== Segment start ==

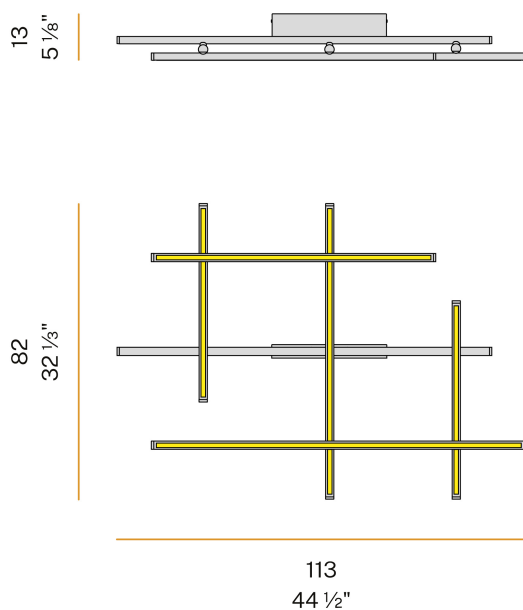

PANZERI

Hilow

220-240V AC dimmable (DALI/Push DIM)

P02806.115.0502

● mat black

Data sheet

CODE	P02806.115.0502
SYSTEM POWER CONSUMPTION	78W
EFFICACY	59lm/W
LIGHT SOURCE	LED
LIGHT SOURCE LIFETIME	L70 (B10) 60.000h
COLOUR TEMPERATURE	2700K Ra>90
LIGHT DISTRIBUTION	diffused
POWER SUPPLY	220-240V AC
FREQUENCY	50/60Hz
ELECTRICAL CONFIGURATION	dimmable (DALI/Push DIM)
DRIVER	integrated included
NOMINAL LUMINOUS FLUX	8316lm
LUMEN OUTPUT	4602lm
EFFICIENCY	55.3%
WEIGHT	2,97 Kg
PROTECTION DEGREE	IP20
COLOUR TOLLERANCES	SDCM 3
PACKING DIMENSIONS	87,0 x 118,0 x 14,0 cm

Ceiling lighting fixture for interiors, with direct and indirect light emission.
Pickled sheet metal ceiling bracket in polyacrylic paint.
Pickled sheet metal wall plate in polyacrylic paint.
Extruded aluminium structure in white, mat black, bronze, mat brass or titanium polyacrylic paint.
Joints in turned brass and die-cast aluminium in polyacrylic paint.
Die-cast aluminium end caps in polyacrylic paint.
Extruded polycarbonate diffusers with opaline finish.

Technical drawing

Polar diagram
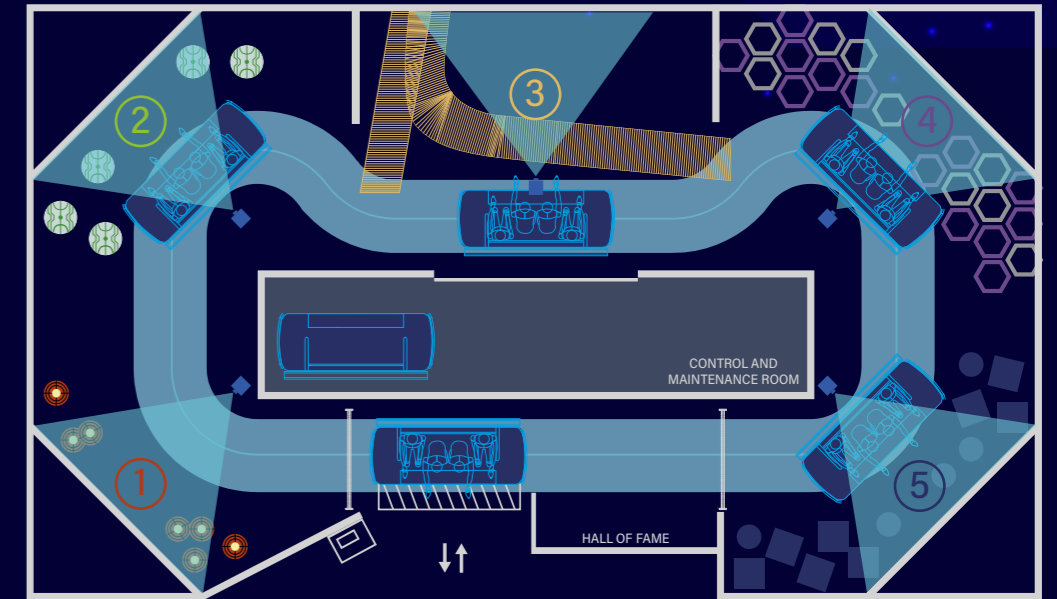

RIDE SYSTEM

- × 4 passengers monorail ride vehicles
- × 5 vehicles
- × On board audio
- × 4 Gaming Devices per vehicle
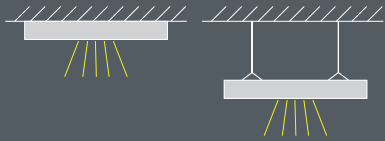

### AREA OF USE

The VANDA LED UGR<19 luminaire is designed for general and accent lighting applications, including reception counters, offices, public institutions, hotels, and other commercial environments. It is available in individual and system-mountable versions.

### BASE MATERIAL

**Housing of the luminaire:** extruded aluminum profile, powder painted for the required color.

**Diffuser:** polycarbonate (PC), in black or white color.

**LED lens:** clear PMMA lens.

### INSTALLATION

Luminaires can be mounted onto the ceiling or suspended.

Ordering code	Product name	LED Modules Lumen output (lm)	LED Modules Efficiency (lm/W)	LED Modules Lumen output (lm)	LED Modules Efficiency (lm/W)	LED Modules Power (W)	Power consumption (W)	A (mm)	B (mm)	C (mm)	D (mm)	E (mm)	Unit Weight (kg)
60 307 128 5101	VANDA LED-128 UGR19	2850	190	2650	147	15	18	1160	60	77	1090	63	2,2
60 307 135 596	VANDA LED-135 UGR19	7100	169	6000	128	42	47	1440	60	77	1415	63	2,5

== Segment end ==

Exercise goal: Of all the material above, only the lines from the one that has "Ceiling lighting fixture" down to the one that has "### INSTALLATION" are to be written out, exactly and with both ends included. Pictures are skipped.

Finished exercise:
Ceiling lighting fixture for interiors, with direct and indirect light emission.
Pickled sheet metal ceiling bracket in polyacrylic paint.
Pickled sheet metal wall plate in polyacrylic paint.
Extruded aluminium structure in white, mat black, bronze, mat brass or titanium polyacrylic paint.
Joints in turned brass and die-cast aluminium in polyacrylic paint.
Die-cast aluminium end caps in polyacrylic paint.
Extruded polycarbonate diffusers with opaline finish.

Technical drawing

Polar diagram

RIDE SYSTEM

- × 4 passengers monorail ride vehicles
- × 5 vehicles
- × On board audio
- × 4 Gaming Devices per vehicle

### AREA OF USE

The VANDA LED UGR<19 luminaire is designed for general and accent lighting applications, including reception counters, offices, public institutions, hotels, and other commercial environments. It is available in individual and system-mountable versions.

### BASE MATERIAL

**Housing of the luminaire:** extruded aluminum profile, powder painted for the required color.

**Diffuser:** polycarbonate (PC), in black or white color.

**LED lens:** clear PMMA lens.

### INSTALLATION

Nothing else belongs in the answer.